▶ Task
What lines in the following entries hold the word "可調式八路修整混合主機"? Copy each one.

▶ Excerpted data
+++++
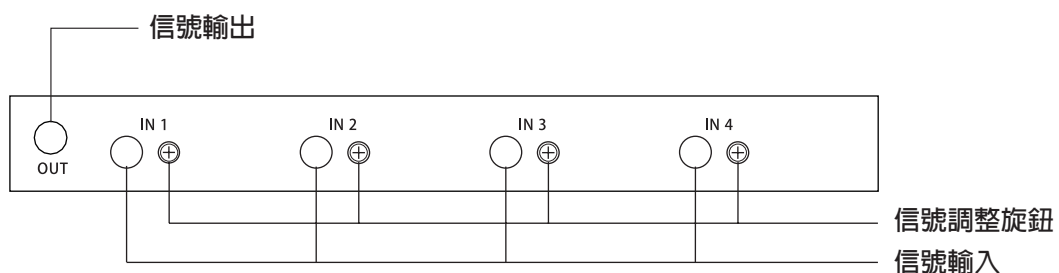

可調式四路修整混合主機 (機櫃式) SAVPC-4C 可調式八路修整混合主機 (機櫃式) SAVPC-8C

一、產品外觀

二、功能特點：

- 1、本機是台四路 (八路) HD 高畫質衛星寬頻電視信號修整處理主機。
- 2、各頻道具單頻濾波處理。
- 3、本機具混合功能可將信號作混顏輸出。

三、產品規格

型號	SAVPC-4C	SAVPC-8C
輸入頻率範圍	50~2602MHz	50~2602MHz
輸出頻率範圍	50~2602MHz	50~2602MHz
混合損失	數位 / 有線電視	12 dB
	衛星電視	14 dB
可調範圍	數位 / 有線電視	0~22 dB
	衛星電視	0~28 dB
反射損失	10 dB	10 dB
隔離度	20 dB	20 dB
輸入阻抗	75Ω , F 型接座	75Ω , F 型接座
輸出阻抗	75Ω , F 型接座	75Ω , F 型接座
尺寸 (mm)	45(H)×480(W)×240(D)	45(H)×480(W)×240(D)

四、後面板說明

(1) 可調式四路修整混合主機 (機櫃式) SAVPC-4C

(2) 可調式八路修整混合主機 (機櫃式) SAVPC-8C

五、連接配置圖
+++++
▶ Finished task
可調式四路修整混合主機 (機櫃式) SAVPC-4C 可調式八路修整混合主機 (機櫃式) SAVPC-8C
(2) 可調式八路修整混合主機 (機櫃式) SAVPC-8C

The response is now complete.